Here we provide a more detailed overview of European regulations that specifically deal with nanomaterials in the industrial chemicals, biocides, food and feed, cosmetics, and (veterinary) medical areas. For other parts of the world, we provide a few examples of countries that include the nanomaterials in their chemical regulations, but we do not intend to provide an exhaustive list of all regulations around the world.

Europe

In Europe safety of industrial chemicals is regulated in the Regulation (EC) 1907/2006 Registration, Evaluation, Authorisation and Restriction of Chemicals (REACH). REACH addresses the production and use of chemical substances, and their potential impacts on both human health and the environment. In principle, REACH applies to all chemical substances; not only those used in industrial processes but also in our day-to-day lives, for example in cleaning products, paints as well as in articles such as clothes, furniture and electrical appliances.
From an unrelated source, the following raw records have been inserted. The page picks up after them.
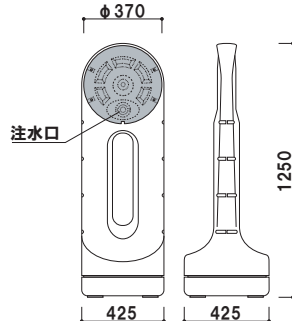

本体 ■ ポリエチレン
 面板 ■ PET 白無地 1.5mm
 面板サイズ ■ W250 × H725mm
 ※白無地面板付き (両面)
 ※ご注文時に本体カラーをご指定ください。

特注面板

マーカーで手書きができるボード仕様や、ポスターを挟み込む仕様 (サンドイッチタイプ) にも変更可能です。詳細はお問い合わせください。

ガイドサイン (シルバー / ブラック)

マーカー直送 両面 屋外

重量 ■ 3.0kg (満水時 15.5kg) 030

本体 ■ ポリエチレン
 面板 ■ PET 白無地 1mm
 面板サイズ ■ W392 × H470mm
 ※白無地面板付き (両面)
 ※ご注文時に本体カラーをご指定ください。

スタンドサイン80 (イエロー / シルバー)

マーカー直送 両面 屋外

重量 ■ 3.0kg (満水時 34.0kg) 030

本体 ■ ポリエチレン
 面板 ■ PET 白無地 1mm
 面板サイズ ■ φ 370mm
 ※白無地面板付き (両面)
 ※ご注文時に本体カラーをご指定ください。

倒れにくい水タンク構造 (中空)
 人や車に優しいプラスチック製です。寒冷地でご使用の場合は不凍液を入れてください。

スタンドサイン125R (イエロー / シルバー)

マーカー直送 両面 屋外

重量 ■ 5.2kg (満水時 59.0kg) 030

BPS-R0 (イエロー/グレー)

メーカー直送 両面 屋外

重量 ■ 3.0kg (満水時 31.0kg) 030

本体 ■ ポリエチレン
 面板 ■ PET 白無地 1.5mm
 面板サイズ ■ W219 × H667mm
 ※白無地面板付き (両面)
 ※ご注文時に本体カラーをご指定ください。

MCS-R0 (イエロー/グレー)

メーカー直送 両面 屋外

重量 ■ 2.3kg (満水時 24.6kg) 030

MPS-R0 (イエロー/グレー)

メーカー直送 両面 屋外

重量 ■ 5.5kg (満水時 50.5kg) 030

本体 ■ ポリエチレン
 面板 ■ PET 白無地 1.5mm
 面板サイズ ■ W385 × H767mm
 ※白無地面板付き (両面)
 ※ご注文時に本体カラーをご指定ください。

Since 2018 the European Regulation (EU) 2018/1881 amends the REACH regulation to address nanoforms. This includes additional requirements for substance identification as well as some further requirements to address the specifics of nanomaterials in their potential impacts on both human health and the environment.

The European Chemicals Agency (ECHA) provides guidance to support registrants to comply to the REACH regulation. Since 2012 this includes specific appendices to the guidance documents that support the registration of nanoforms of a substance and providing further information on their impacts on both human health and the environment. Guidance is regularly updated to include latest scientific progress and insights.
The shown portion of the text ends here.